"Hassiktir!" Bağırarak kendini yattığı yerden aşağıya attı, ya da bağırmanın etkisiyle yanlışlıkla düşmüştü.
Uzun kahve saçları birbirine girerken üfleyerek onları ileriye attı ancak çok geçmeden yüzüne geri düşmüştü. Beceriksiz bir hamleyle tutamları çekti ve bana yamuk bir gülümseme yolladı.
"Ne oldu?"
Keyfim yoktu, hem de hiç. Mahkeme duvarı suratımla konuştum.
"Ginger," derin bir nefes aldı. "bana," bir nefes daha, "mesaj attı." Son ikisini hızla söylemiş ve elini ağzına kapatarak çığlığını bastırmıştı.
Hafifçe gülümsedim, aslında onu da yapasım yoktu ama karşımdaki o kadar heyecanlıydı ki yüzünün düşmesini istememiştim.
Kafasını yere gömüp biraz daha çığlık attı. İç çektim ve elimdeki kaplumbağanın sırtını okşamaya başladım.
Benim elimde niye bir kaplumbağa vardı?
Bunu yeni fark ettiğimi görmezden gelip minik hayvanı kaldırarak yüz hizama getirdim. Buruş buruş, yaşlı bir suratı vardı.
"Ay ne yazayım ben şimdi ne diyeyim?" Sürekli aynı şeyi tekrarlayarak yerde kıvranan Dilara'ya baktım.

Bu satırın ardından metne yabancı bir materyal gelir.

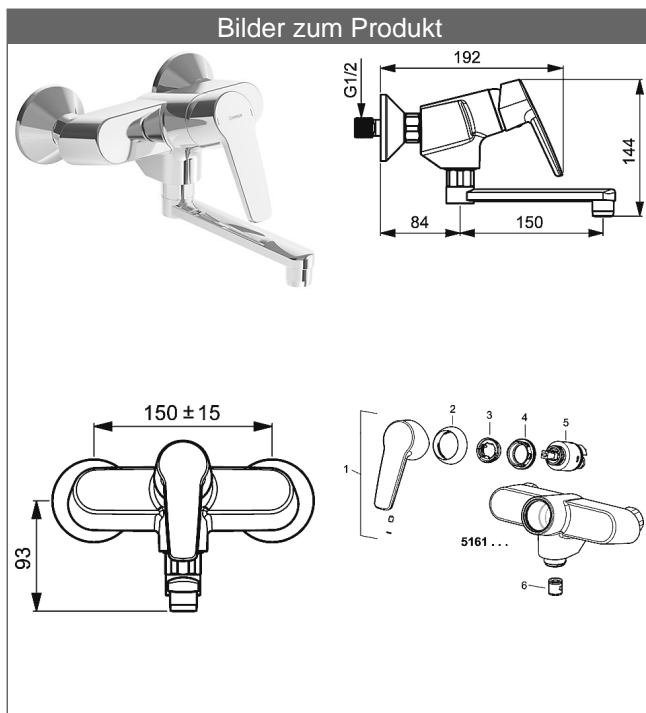

HANSAPOLO Spültisch-Einhand-Wandbatterie, DN 15

Beschreibung

HANSAPOLO
Spültisch-Einhand-Wandbatterie, DN 15

P-IX (Prüfzeichen beantragt)

Durchflussmenge: 13 l/min, gemessen bei 3 bar Fließdruck

- Armaturenkörper: entzinkungsarmes Messing (MS 63)
- Bedienungshebel
- (-) W+K-Kennzeichnung
- Luftsprudler
- S-Anschlüsse DN 15 (G1/2)
- (-) Stichmaß: 150 ± 15 mm

Auslauf: schwenkbar, ohne Anschlag
Ausladung: 150 mm

HANSA Steuerpatrone classic 3.5

Produktnummer: 59913075

Anzahl in Stückliste: 1

(-) Keramikscheiben mit integrierten Fettdepots

(-) einstellbare Heißwassersperre

(-) einstellbare Wassermengenbegrenzung bis ca. 6 l/min

Variante	Art.-Nr.	
verchromt	51612193	

Produktbild

Produktzeichnung

Produktzeichnung

Produktzeichnung

Daha sonra kaplumbağanın da bakması için onu da döndürdüm.
"Ne yazmış?" Bıkkın ses tonuma biraz merak karıştırarak sordum.
"Ay şey," iki eliyle tekrar yüzünü işgal eden tutamları itti. "merhaba yazmış."
Anladım dercesine başımı salladım, gayet normal bir başlangıçtı en azından.
"Amına koyayım ama ha!" Odadan gelen sesle bakışlarım kulağında kulaklığı ve yüzündeki ciddi ifadeyle bilgisayar oyunu oynayan Emir'e kaydı. Genelde küfür etmez ve böyle agresif değildir fakat çocuk bilgisayar oyunu oynayınca kişiliğinden sıyrılıp başka bir şeye dönüşüm yapıyordu. Bir küfür daha savurup sinirle ayağıyla oturduğu yerden havaya tekme attı.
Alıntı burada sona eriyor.